Scientists find new painkiller: platypus venom

May 10th, 2008 - 10:27 am ICT by admin  


Sydney, May 10 (IANS) Platypus venom could provide potential relief from advancing pain and could be used for making antibiotic medication, according to new research. The research was part of the Platypus Genome Project that involved three University of Sydney academics in collaboration with 89 researchers worldwide who investigated platypus venom and immune genes.

Research author Kathy Belov said: “Our wildlife is an untapped resource for biomedical discovery. Platypus molecules have the potential to be developed into novel and powerful therapeutics.

“We have discovered the genes that code for the major component of platypus venom. Venom in a mammal is unusual, and we wanted to see where these genes came from, and whether they are related to venom in snakes and lizards.”

Findings of the study have been published in the latest issue of the journal Nature.

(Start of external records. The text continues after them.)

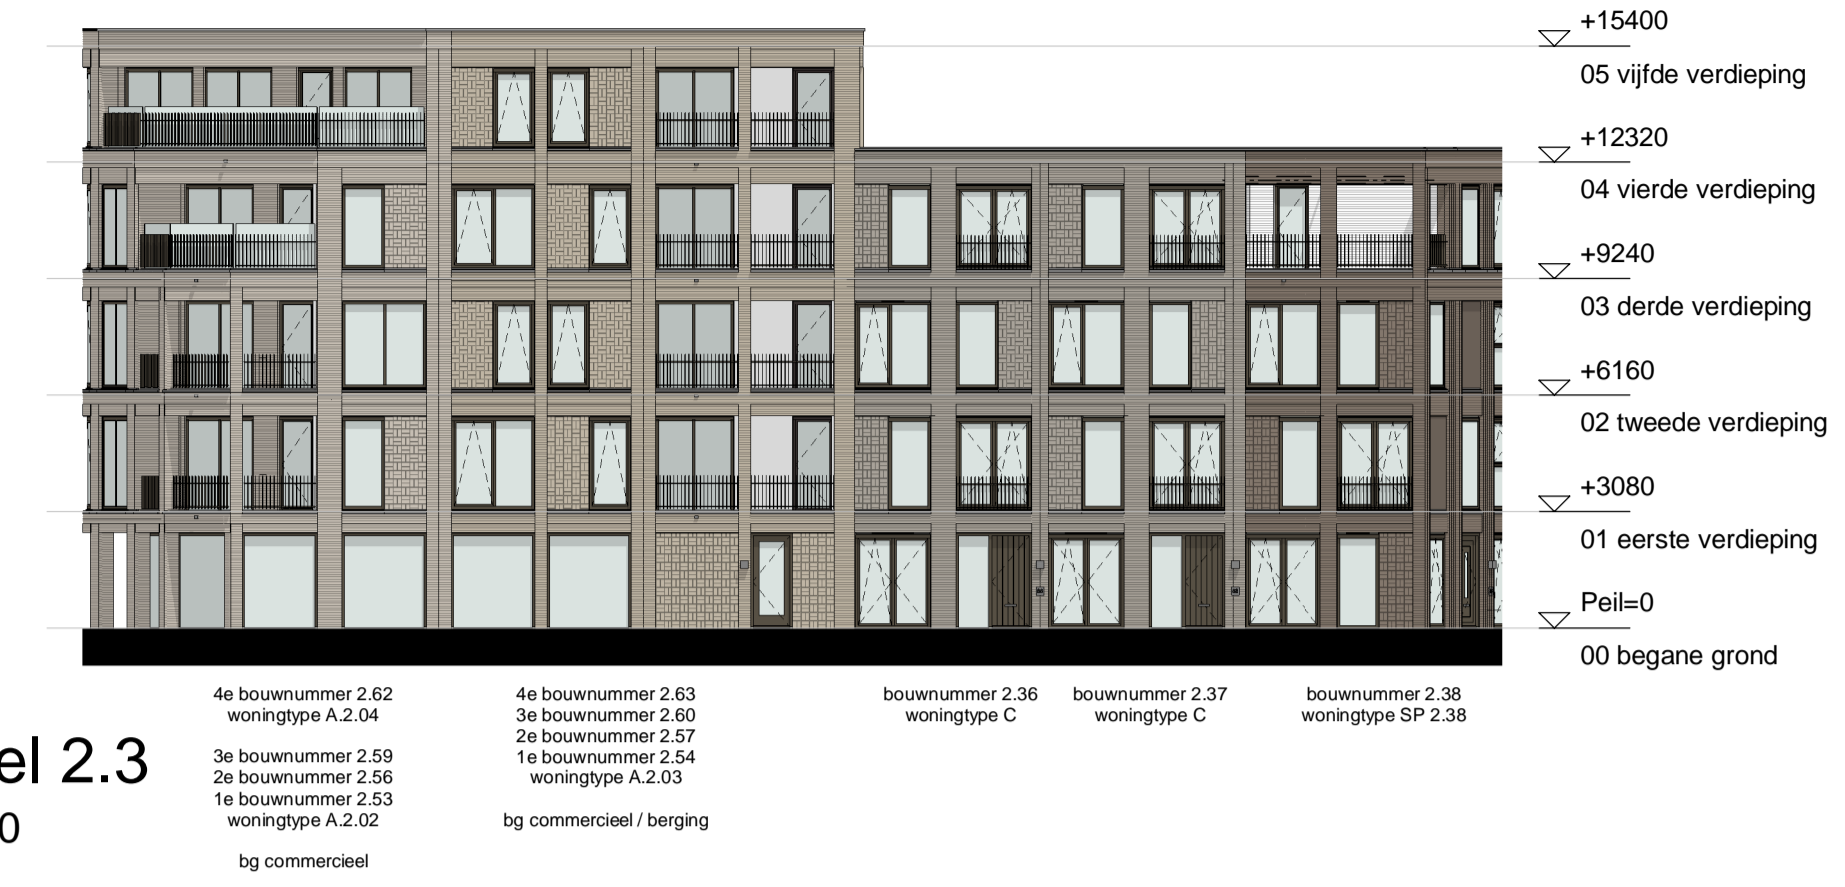

gevel 2.1  
1 : 200

gevel 2.2  
1 : 200

gevel 2.3  
1 : 200

gevel 2.4  
1 : 200

gevel 2.5  
1 : 200

gevel 2.6  
1 : 200

gevel 2.7  
1 : 200

gevel 2.8  
1 : 200

gevel 2.9  
1 : 200

gevel 2.10  
1 : 200

gevel 2.11  
1 : 200

# THE HUDSONS

**DEFINITIEF**

betreft: Geveloverzichten  
Blok 2  
The Hudsons  
Rotterdam, Netherlands

era contour | tbi

datum: 11-01-2019	getekend: EA/RD	schaal: 1:200	formaat: A1
fase: Verkoop	projectnummer: 11153	tekeningnummer: B9.2_200	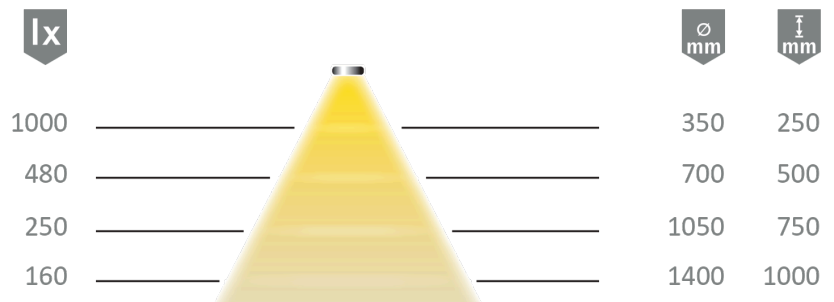

Datenblatt Datasheet

HALEMEIER

Kategorie, Category Lineare Leuchten
Artikel-Nr., Item no 5604433
Bezeichnung, Name Versa Inside 600 12VDC mw

Technische Daten Technical specifications

Betriebsspannung, Operating voltage 12 Volt DC
Leistung, Power max.4 W/m
Dimmbar, Dimmable PWM
Schutzart, International Protection IP20

Lichttechnische Parameter Photometric parameters

Lichtfarbe, Light colour MultiWhite
Farbtemperatur, colour temperature -
Lichtstrom, Luminous flux 600 lm/m
Farbwiedergabe, Colour Rendering >90 Ra
Index
Halbwertswinkel, Half value angle 70 °

Allgemeines General Information

Lebensdauer, Lifespan 60000 h
Kenn- und Prüfzeichen

Researchers will continue to investigate the uses of the platypus venom in pain management, similar to the uses of snake venom, which has been used to develop various blood thinning and pain relief treatments.

The study found that the venom, delivered by the hind spur of the male platypus, is present due to genes that emerged at least 50 million years ago.

This finding means that the common ancestor of the platypus and echidna may have also been venomous.

Platypus venom is used mainly for fighting between males. It can cause dogs to die and result in excruciating pain in humans.